Thursday, September 4, 2008
So, beets are an scary veggie in my house. I never grew up with them, and my husband has bad memories of steamed beets and cold purple things that looked eerily like canned cranberry sauce.
They are everywhere in the farmers market right now, and when I saw a bunch of golden beets I thought, this is my chance to make things right and have us join the world of beet-eaters.
I believe the main reason that many people are hesitant to work with beets stems from thier tendancy to stain hands, clothes, counter-tops, etc. This is due to betain pigments, which are water-soluble.

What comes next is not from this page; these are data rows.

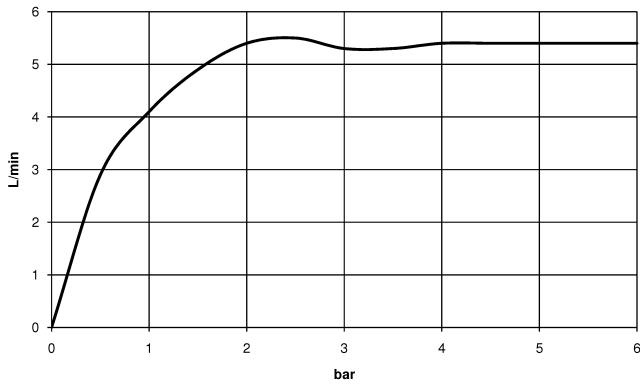

Washstand fitting with electronic opening and closing function without pop-up waste - Brushed Dark Platinum

TARA

44 521 660

mm [inches]

1:5

Flow rate chart

Codes & Standards

DIN 4109

There are a few ways to get around this: what most people do to handle beets is to scrub them, wrap in tinfoil and bake, then slice and use for whatever. The other way is to look for golden beets (like I used) which (supposedly) have less propensity to get stain-y juice everywhere. I sliced mine raw on a paper plate with no accidents.
Thanks to twitterbuddy Kcline I had an idea of what to do, something that looked like this.
I laid them flat, basted with pepper, salt and olive oil (standard for a vegetable I don't know how to cook) and roasted.
I know beets and goat cheese supposedly do well together, so I mixed some pesto and goat cheese together and schmeared it between slices of beet. What I got was not...pretty per se, but beet slices covered in gooey melted pesto-y goat cheese were delicious.
And my husband went for second servings.
One veggie down, a world more to go.